Nikki Curtis died on February 1, 2002. Robert was convicted of capital murder and sentenced to death on February 14, 2003. Immediately after sentencing the district court appointed James Volberding as state habeas counsel for the purposes of challenging Robert’s capital-murder conviction under Texas Code of Criminal Procedure 11.071. Volberding filed an initial application under Article 11.071 on December 13, 2004. Volberding raised no claims related to the now-discredited “shaken baby” science that was used to obtain Robert’s conviction or any ineffective assistance of counsel claims. While the initial state habeas application remained pending, on August 8, 2005, this Court received a pro se document entitled “Notice of Desire to Raise Additional Habeas Corpus Claims.” On September 16, 2009, this Court denied all relief, and dismissed the 2005 pro se filing as an unauthorized successive application.
On October 4, 2009, in part because Robert believed that his lawyer was not seeking relief based on his innocence, Robert wrote a letter to the federal district court asking for new counsel to represent him in federal habeas corpus proceedings. The letter stated, “I don’t want to keep the same attorney that I have now,” referring to Volberding. On November, 3, 2009, the district court appointed Volberding anyway.
The district clerk entered Robert’s pro se letter on the docket on November 9, 2009. That same day, not knowing that Volberding had sought appointment or that the court had already appointed Volberding to represent Robert in federal proceedings, Robert wrote another letter to the court which stated, “I’m writing to inform you all that I do not want to keep the same attorney that I had for my state writ of habeas corpus.
On December 11, 2009, Volberding filed a “Response to Roberson’s Motion for New Counsel.” The response was adverse to Robert’s wishes and asserted that the client had failed to “identify deficiencies with his current counsel.” Volberding represented to the federal district court that “all federal claims were exhausted in state court before seeking federal appointment” and that he “made a determined effort to identify, present, protect and exhaust Roberson’s federal claims so they would not be procedurally defaulted from review by the Court. On December 21, 2009, the district court declined to substitute appointed counsel. The district court later denied all relief.
On March 29, 2014, because Volberding was still his appointed counsel, Robert wrote to Volberding urging him to look into challenging the “shaken baby evidence” because he had heard that that theory was being viewed as junk science in the courts and had heard that the new Senate Bill 344 (which established Article 11.073) might be of some help. He also urged Volberding to make a claim that he was actually innocent.
Volberding responded to Robert’s letter by stating that the facts of Robert’s case were different and informing Robert that there was no procedural vehicle for raising a challenge to the junk science in his case.
After Volberding declined to investigate the junk science used at trial, on April 28, 2015, Robert wrote a letter to the Fifth Circuit that was docketed May 4, 2015. The letter asked, “Could please [sic] remove my court appointed attorneys, Mr.

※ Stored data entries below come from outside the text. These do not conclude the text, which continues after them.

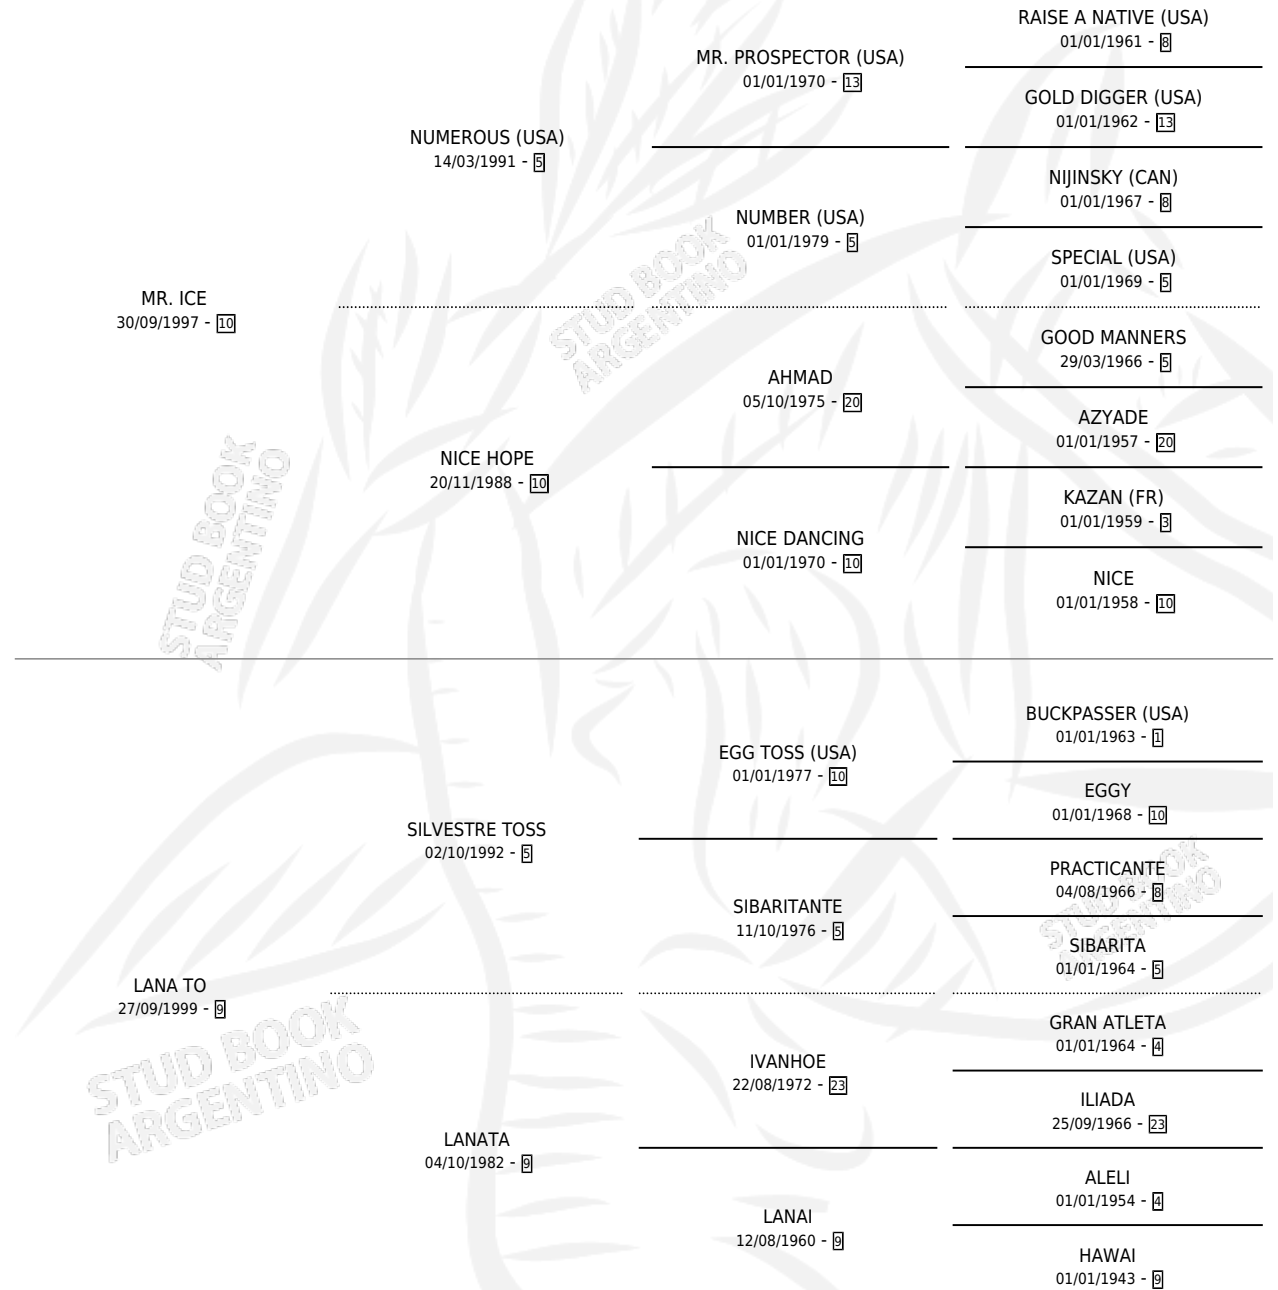

SRTA LANAI

por MR. ICE y LANA TO por SILVESTRE TOSS

Argentina · Hembra · Alazan Tostado · SP · 24/09/2007
Familia 9-h · Volumen 39

ESTADO

TIPIFICACIÓN SANGUÍNEA	X
TIPIFICACIÓN POR ADN	✓
PASAPORTE	X
IDENTIFICACIÓN POR MICROCHIP	X
REPRODUCTOR	✓

Lugar de nacimiento: Capilla De La Sierra

Criador: Capilla De La Sierra

PEDIGREE

CAMPAÑA

Solo carreras oficiales de Argentina

POR EDAD

EDAD	CC	1°	2°	3°	4°	5°	NP	CLC	CLG	CLCG1	CLGG1	IMPORTE	GANANCIA / CC
3 AÑOS	5	0	0	0	0	0	5	1	0	0	0	\$0	\$0
TOTALES	5	0	0	0	0	0	5	1	0	0	0	\$0	\$0
%		0.0%	0.0%	0.0%	0.0%	0.0%	100%	20.0%	0.0%	0.0%	0.0%		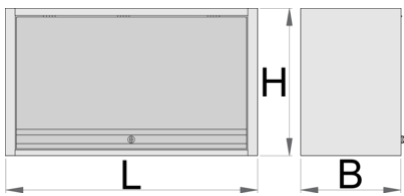

Висечки ормар за работни клупи

990CAU-BLACK

Profiles

Product features

- материјал: специјален ПЛУС челичен лим
- вратата е заклучена со клуч за заклучување и преклопување
- брава со клуч вклучува и привезок
- обложена со еко боја на QualiCoat стандард за квалитет
- максималниот капацитет на товарот на должината на висината на кабинетот 1000мм е 40кг, за 1250мм и 1500мм е 50кг. Капацитетот на полнење е 15кг
- виси врата со телескопски механизам
- на долниот дел од кабинетот е поставен држач за светлина
- 2 можности за виси - на ногарката на модуларен работен стол или на сид. За закачување на сид дополнителна поддршка е затворен.

628808

L

1000

B

350

H

510

22400

* Сликите на производите се симболични. Сите димензии се во мм, тежината е во грамови. Сите наведени димензии може да се разликуваат во ниво на толеранција

Spare parts

Брава со клучеви

Telescop for door

Related products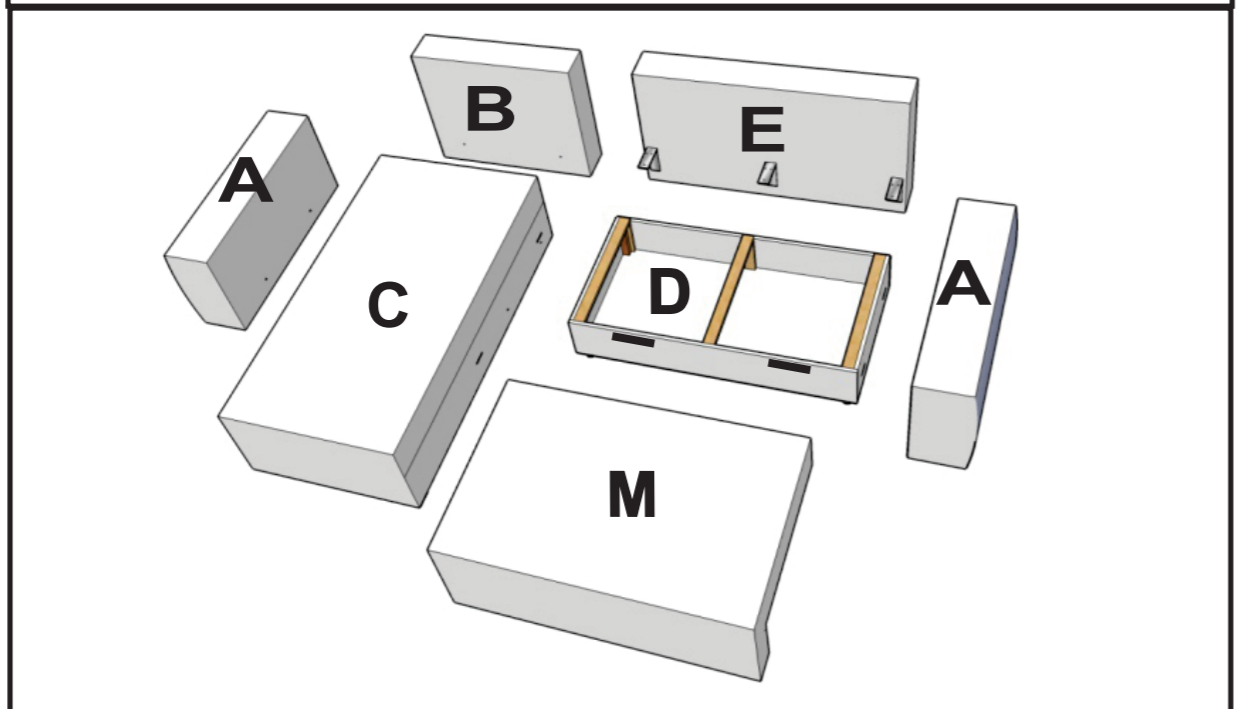

BELLA 2

- (DE) Montageanleitung
- (IT) Istruzioni di montaggio
- (PL) Instrukcja montażu
- (FR) Notice de montage
- (NL) Handleiding voor de montage
- (RO) Instrucțiuni de asamblare
- (GB) Assembly instructions
- (SK) Montážny návod
- (TR) Montaj talimatı
- (CZ) Montážní návod
- (RU) Инструкция по монтажу
- (HU) Szerelési útmutató

1:L

| | | | | | | | |
|------------------|-----------------|-------------|-----------------|---------------------------|-----------------|-----------------|-----------------|
| 4 x (8x100) a | 2 x (8x70) e | 6 x M8 c | 9 x (4x16) d | 7 x 70 mm 50mm w | 7 x (5x35) t | 4 x (6x25) f | 4 x (6x35) g |
| 6 x z | 4 x i | 6 x k | 6 x O8 b | 7x y | 1x 3 | 2x 2 | 1x 1 |
| 6x Q | 6 x j | | | | | | |

Seth Kretzer and Mr. James W. Volberding from my case and appeals.” The letter made clear he wanted new counsel “[b]ecause lead federal attorney at first was my state habeas attorney” and so would not likely argue that his own representation in state habeas corpus proceedings was ineffective. The letter also asserted that there existed a “communication breakdown” between counsel and client, and that Volberding “refuse[s] to communicate properly to be able to defend me properly on my appeals.” The letter also asserted an irreconcilable conflict because, among other things, federal counsel refused to file claims of actual innocence. Id. Robert asked that “independent” counsel be appointed.
Two days after the letter was docketed, Volberding and co-counsel, Seth Kretzer, filed a letter urging the Fifth Circuit to deny their client’s request for new counsel, stating that Kretzer had “reviewed the entire state and federal appellate record, and all state and federal pleadings, and found no claim or potential claim that was not raised, or raised incorrectly, by Mr. Volberding.” Volberding “recommend[ed] that the Court deny” his client’s request. Citing co-counsel’s warranty, the Fifth Circuit denied the motion.
Robert’s execution date was set for June 21, 2016. After several more months of litigation related to whether Volberding and Kretzer had a conflict of interest and were therefore unsuited to continue representing Robert, he was appointed new federal habeas counsel—just three months before his scheduled execution.
After conducting an initial review of Robert’s file, on April 1, 2016, new federal counsel requested that the Office of Capital and Forensic Writs investigate a possible Article 11.073 challenge to the science undergirding Robert’s conviction and any claims of innocence. The current habeas application and accompanying motion to stay Robert’s execution followed.
A week before the scheduled execution, Texas’s highest criminal court, the Court of Criminal Appeals, halted the execution, relying in part on a state law that allows for legal challenges based on changes in the science that was used to convict someone. This law is Article 11.073 of the Texas Code of Criminal Procedure, also known as “the junk science writ law.”